[[ Supplied data, beginning ]]

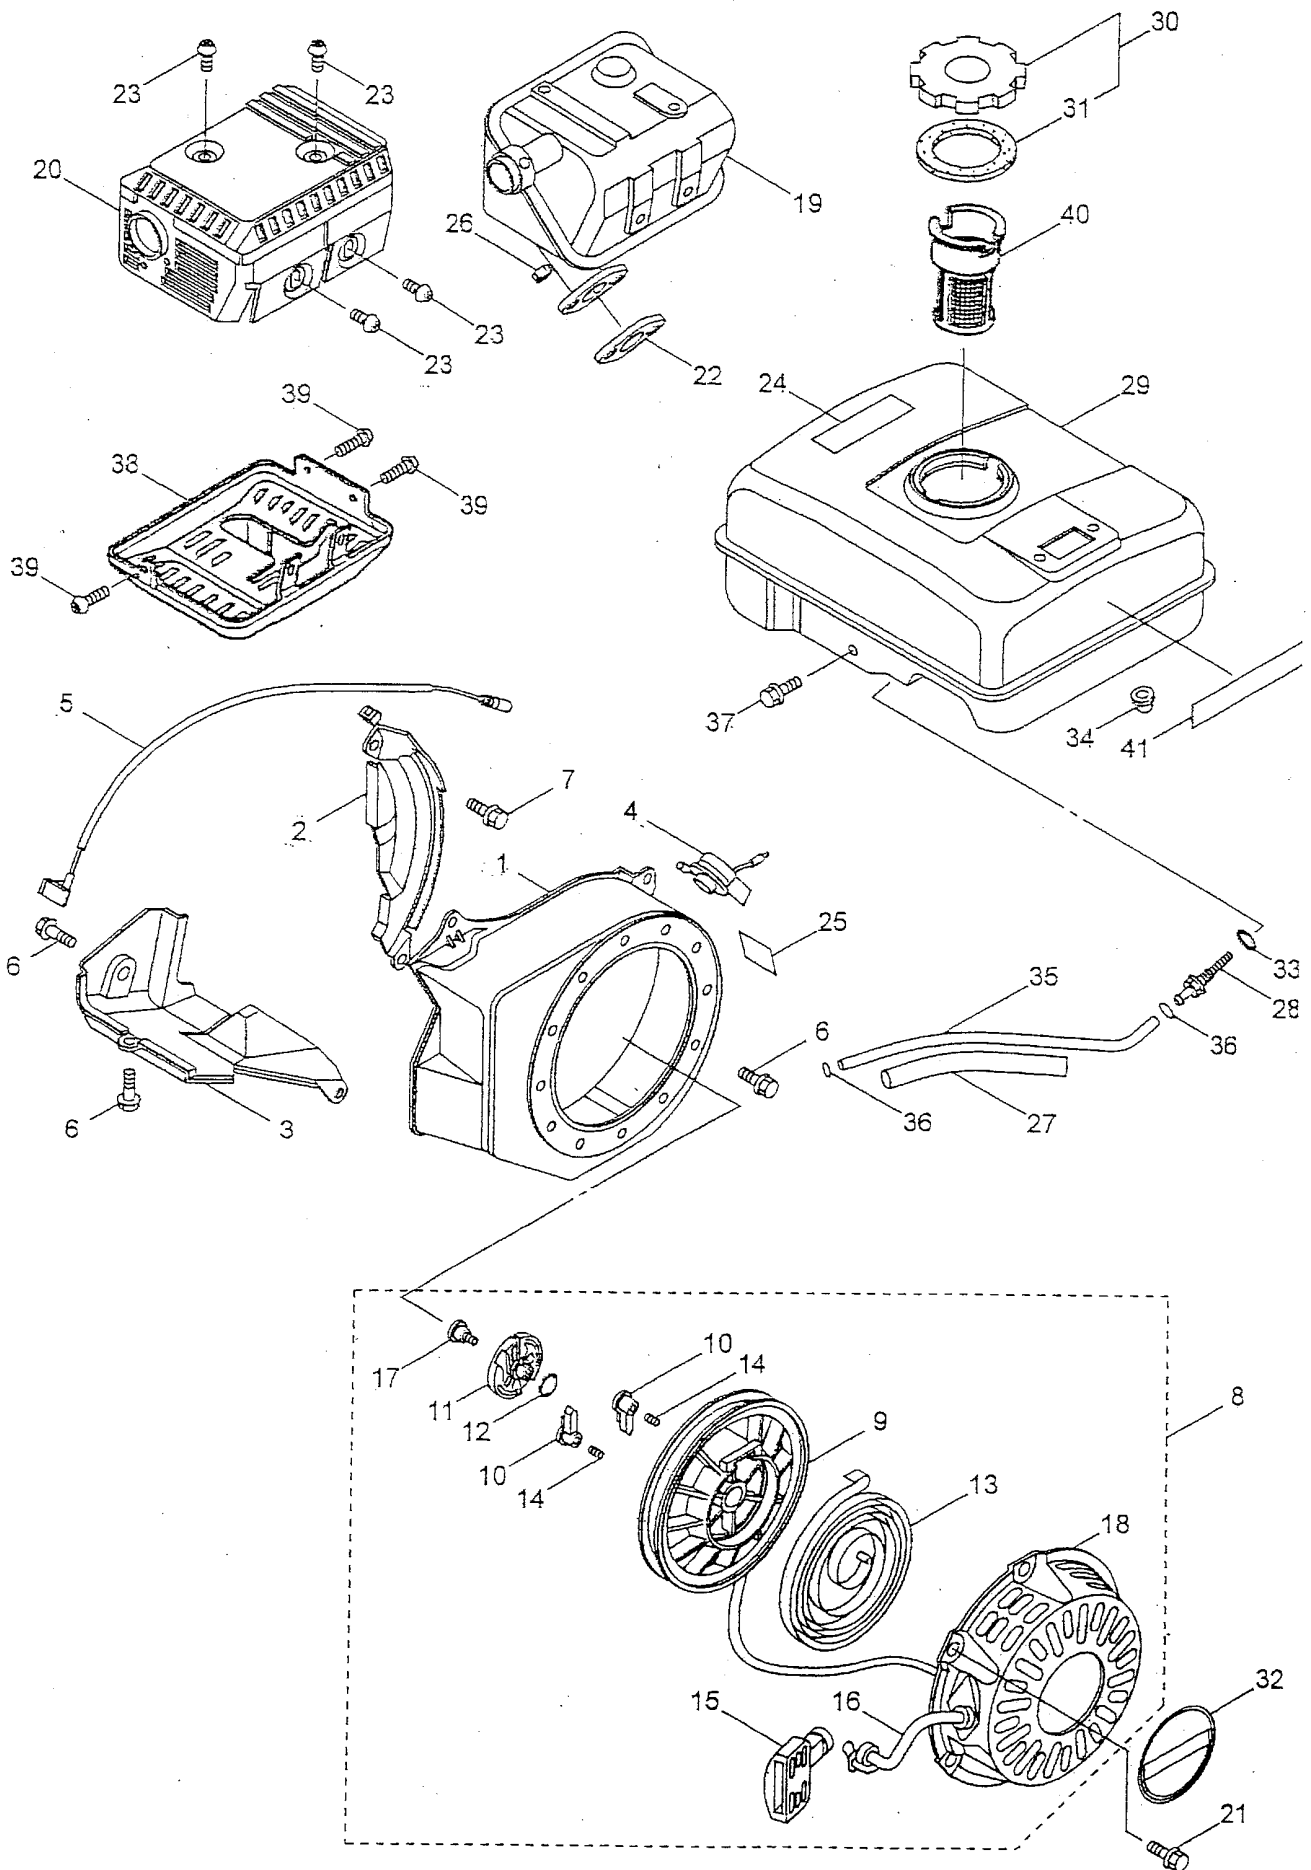

10. ENGINE
Recoil Starter, Muffler, Fuel Tank

Ref.No.	Part No.	Part Name	Q'ty	Remarks
10-1	625263	Fan Cover Comp.	1	19610-ZE1-000ZA
10-2	627033	Side Plate	1	19612-ZH8-000
10-3	625265	Shroud Comp.	1	19630-ZH8-000
10-4	581539	Stop Switch Ass'y	1	36100-ZE1-015
10-5	620851	Stop Switch Cord	1	36101-ZE1-010
10-6	990467	Flange Bolt	6	6X12 90013-883-000
10-7	626393	Flange Bolt	1	90022-888-010
10-8	620853	Recoil Starter Ass'y	1	Incl.9-18 28400-ZH8-013ZA
10-9	626448	Recoil Starter Reel	1	28420-ZH8-013
10-10	626449	Starter Ratchet	2	28422-ZH8-013
10-11	626450	Ratchet Guide	1	28433-ZH8-003
10-12	626451	Friction Spring	1	28441-ZH8-003
10-13	626452	Recoil Starter Spring	1	28442-ZH8-003
10-14	626453	Return Spring	2	28443-ZH8-003
10-15	620862	Recoil Starter Knob	1	28461-ZH8-003
10-16	626455	Recoil Starter Rope	1	28462-ZH8-003
10-17	626456	Setting Screw	1	90003-ZH8-003
10-18	620854	Recoil Starter Case Comp.	1	28410-ZH8-003ZA
10-19	627037	Muffler Comp.	1	18310-ZF1-000
10-20	620867	Muffler Protector	1	18320-ZF1-H01
10-21	626232	Flange Bolt	3	95701-06008-00
10-22	626624	Muffler Gasket	1	18381-ZH8-800
10-23	583785	Tapping Screw	4	90050-ZE1-000
10-24	627043	Label	1	87526-ZH8-000
10-25	627044	Label	1	87530-ZH8-820
10-26	626627	Nut	2	94001-080000S
10-27	620869	Supporter Rubber	1	16854-ZH8-000
10-28	583789	Fuel Tank Joint	1	16955-ZE1-000
10-29	625268	Fuel Tank Comp.	1	17510-ZE1-020ZA
10-30	627205	Fuel Filler Cap Comp.	1	Incl.31 17620-ZH7-023
10-31	620872	Gasket,Fuel Filler Cap	1	17631-ZH7-003
10-32	627042	Emblem	1	87521-ZH8-020
10-33	625228	O-Ring	1	91353-671-004
10-34	990487	Flange Nut	2	94050-06000
10-35	583795	Fuel Tube	1	95001-4514040
10-36	990499	Tube Clip	2	95002-02080
10-37	627204	Flange Bolt	1	95701-06025-00
10-38	583782	Lower Protector	1	18325-ZE1-010
10-39	640190	Screw,Tapping,4X6	3	90055-ZE1-000
10-40	622245	Fuel Filter	1	17672-ZE2-W01
10-41	627041	Label	1	87520-ZH8-000

[[ Supplied data, end ]]

**What to do**: Output the material verbatim, skipping the images.

**Exercise output**:
10. ENGINE
Recoil Starter, Muffler, Fuel Tank

Ref.No.	Part No.	Part Name	Q'ty	Remarks
10-1	625263	Fan Cover Comp.	1	19610-ZE1-000ZA
10-2	627033	Side Plate	1	19612-ZH8-000
10-3	625265	Shroud Comp.	1	19630-ZH8-000
10-4	581539	Stop Switch Ass'y	1	36100-ZE1-015
10-5	620851	Stop Switch Cord	1	36101-ZE1-010
10-6	990467	Flange Bolt	6	6X12 90013-883-000
10-7	626393	Flange Bolt	1	90022-888-010
10-8	620853	Recoil Starter Ass'y	1	Incl.9-18 28400-ZH8-013ZA
10-9	626448	Recoil Starter Reel	1	28420-ZH8-013
10-10	626449	Starter Ratchet	2	28422-ZH8-013
10-11	626450	Ratchet Guide	1	28433-ZH8-003
10-12	626451	Friction Spring	1	28441-ZH8-003
10-13	626452	Recoil Starter Spring	1	28442-ZH8-003
10-14	626453	Return Spring	2	28443-ZH8-003
10-15	620862	Recoil Starter Knob	1	28461-ZH8-003
10-16	626455	Recoil Starter Rope	1	28462-ZH8-003
10-17	626456	Setting Screw	1	90003-ZH8-003
10-18	620854	Recoil Starter Case Comp.	1	28410-ZH8-003ZA
10-19	627037	Muffler Comp.	1	18310-ZF1-000
10-20	620867	Muffler Protector	1	18320-ZF1-H01
10-21	626232	Flange Bolt	3	95701-06008-00
10-22	626624	Muffler Gasket	1	18381-ZH8-800
10-23	583785	Tapping Screw	4	90050-ZE1-000
10-24	627043	Label	1	87526-ZH8-000
10-25	627044	Label	1	87530-ZH8-820
10-26	626627	Nut	2	94001-080000S
10-27	620869	Supporter Rubber	1	16854-ZH8-000
10-28	583789	Fuel Tank Joint	1	16955-ZE1-000
10-29	625268	Fuel Tank Comp.	1	17510-ZE1-020ZA
10-30	627205	Fuel Filler Cap Comp.	1	Incl.31 17620-ZH7-023
10-31	620872	Gasket,Fuel Filler Cap	1	17631-ZH7-003
10-32	627042	Emblem	1	87521-ZH8-020
10-33	625228	O-Ring	1	91353-671-004
10-34	990487	Flange Nut	2	94050-06000
10-35	583795	Fuel Tube	1	95001-4514040
10-36	990499	Tube Clip	2	95002-02080
10-37	627204	Flange Bolt	1	95701-06025-00
10-38	583782	Lower Protector	1	18325-ZE1-010
10-39	640190	Screw,Tapping,4X6	3	90055-ZE1-000
10-40	622245	Fuel Filter	1	17672-ZE2-W01
10-41	627041	Label	1	87520-ZH8-000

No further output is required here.